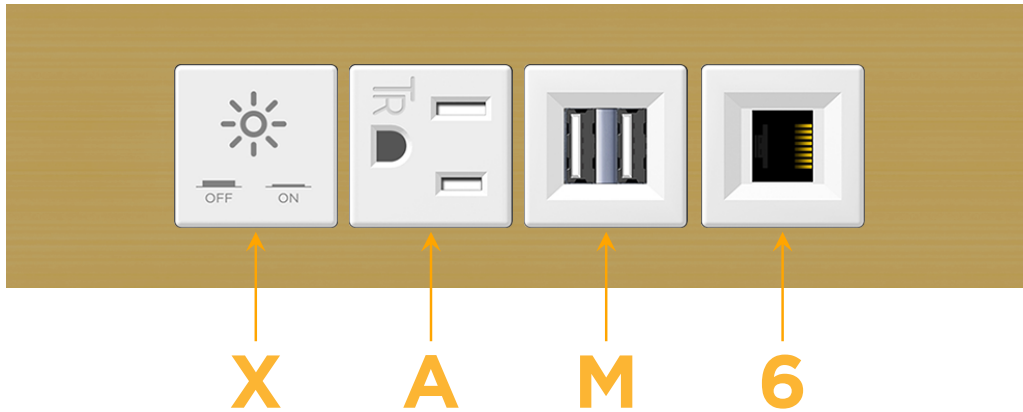

M-POWER-4T

AC POWER & DATA CONNECTIVITY SOLUTION

M-POWER-4TW-XAM6-BR4TP

Distributed by

Mormax Company, Inc.

8 Westchester Plaza

Elmsford, NY 10523

914-699-0101

sales@mormax.com

mormax.com

Metro Light & Power's line of power & data solutions offers sophisticated design elements combined with greater ease of installation. Streamlined and low-profile, enhanced by side-exiting cords, our outlets advance the industry with their cutting edge look and feel. We believe flexibility is key, and we provide a variety of mounting options, including the ability to mount in limited spaces. Our outlets are available in many finishes and configurations, in addition to a custom color and finish capability for our clients.

Trim Plate Finish: **SOLID BRASS BRUSHED**

Custom Finishes Available

M-POWER-4TW-XAM6-BR4TP

Features:

Module/Port Options:

- **A** Tamper Resistant AC Receptacle
- **E** USB-A & USB-C (20W)
- **M** Double USB-A (Fast Charging Ports - 18W)
- **H** HDMI
- **6** CAT 6
- **12** RJ 12
- **X** Switched AC
- **Y** 3-Way Switch (Low Voltage)
- **V** USB-C (45W High Speed Charging Port)
- **S** USB-C (25W High Speed Charging Port)
- **R** Switched AC (Rocker Switch)
- **D** Dimmer Switch

Plug:

Supplied with Low Profile Flat 45° Angle 120 VAC Plug

Optional Standard Straight 120 VAC Plug

Optional Straight 120 VAC Pass-through Plug

- CLEAN, COMPACT DESIGN
- STREAMLINED
- LOW PROFILE
- SIDE-EXITING CORDS
- PLUG & PLAY
- 6' AC CORD & PLUG (FLAT PLUG STANDARD)
- CUSTOMIZABLE CONFIGURATIONS AND FINISHES
- UL LISTED FOR MOUNTING IN FURNITURE
- 15A

**Brief**
Every line holding the word "Straight" should be copied out of the material.

**Exercise output**
Optional Standard Straight 120 VAC Plug
Optional Straight 120 VAC Pass-through Plug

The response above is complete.